Tumor metabolism is a universal target for the immune system
In his “Targeting Tumor Metabolism (TATUM)” project, Dr. Artem Kalinichenko investigates how to advance current treatments for different cancer types avoiding relapses and targeting drug-resistant tumors. Artem Kalinichenko, together with Univ.-Prof. Dr. Kaan Boztug, Scientific Director of St. Anna CCRI and colleagues from the Boztug lab, studies human lymphocytes sensitive to a wide range of small molecules, including those that are unique for tumor cells or accumulated in tumor cells upon treatment.
A specialized subset of immune cells in humans called cytotoxic T cells can recognize and eliminate malignant or transformed cells. Most of these T cells distinguish tumors from healthy tissues by recognizing mutated peptides presented by specialized antigen-presenting molecules called MHC I present on the surface of every cell in our body. However, most pediatric tumors do not accumulate enough mutations for their efficient recognition and elimination by the conventional, peptide-specific T cells.
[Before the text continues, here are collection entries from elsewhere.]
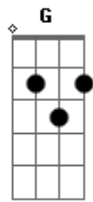

# Seicho-no-ie - Sonho Sincero

Tom: C

Intro: G - G - Em - C Am7 -  
G - G - Em - C G - Am7 - D - D

G G Em E  
Nosso jeito de ser é "sonho",  
Am7 D  
"Sonho bem alto",  
G D  
O mundo por vencer.  
G Em E  
Mas é preciso sonhar sincero,  
Am7 Cm  
Sempre ouvindo a voz  
Bm Dm F E  
Que vem de Deus dentro de nós,  
Am7 G C A D D  
E agir sem ter para onde fugir.

G - Em - C Am7 - G - G - Em - C G - Am7 - D  
- D

To overcome this issue, the scientists will exploit the activity of metabolite-reactive so-called unconventional T cells sensitive to a wide range of organic molecules, including small metabolites, drugs, and drug-like molecules. These metabolite-specific lymphocytes are present in all individuals and scientists want to learn how to manipulate their activity to fight cancer. “We know that upon chemotherapeutic treatment tumor cells change their metabolism to adapt and survive. We hypothesize that such adaptation is forcing tumors to accumulate specific metabolites that can be recognized by metabolite-sensitive T cells. In our study, we want to find out pathways producing these molecules – we call antigens – and drugs that enhance their accumulation in tumors resulting in better immune recognition. We will then use these drugs to isolate and characterize metabolite-sensitive T cells and test their potential as immunotherapy,” explains Artem Kalinichenko.
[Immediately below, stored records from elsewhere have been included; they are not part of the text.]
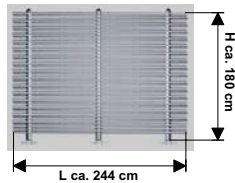

### Element 244

Höhe ca. 180 cm - Länge ca. 244 cm  
Bambusstäbe  $\varnothing$  ca. 18 - 20 mm

Gewicht ca. 70 kg

**329,00 €** inkl. 19% MwSt.  
276,47 € Netto

### Element 305

Höhe ca. 180 cm - Länge ca. 305 cm  
Bambusstäbe  $\varnothing$  ca. 20 - 22 mm

Gewicht ca. 83 kg

**399,00 €** inkl. 19% MwSt.  
335,29 € Netto

“Targeting tumor metabolism with unconventional T cells might bring multiple opportunities and benefits, especially for pediatric oncology. Low immunogenicity of pediatric tumors to the conventional, peptide-specific T cells is one of the main problems for oncologists. Bypassing it by learning how to manipulate the activity of metabolite- and drug-specific T cells might help to improve the outcome of current treatments. The fact that many tumors regardless of their origin rely on common metabolic pathways for their survival provides us with a unique opportunity to develop a common treatment equally efficient in the different types of cancer,” highlights Kaan Boztug.
“The main innovative idea for future clinical application is to combine cellular and chemotherapeutic approaches in one. Eventually, we want to find a drug or drug combination that would have a dual action. On one hand, be highly cytotoxic and kill the cancer cells, and on the other force tumor recognition and elimination by metabolite-specific T cells. We think that this will help to overcome drug resistance and prevent metastases,” says Artem Kalinichenko.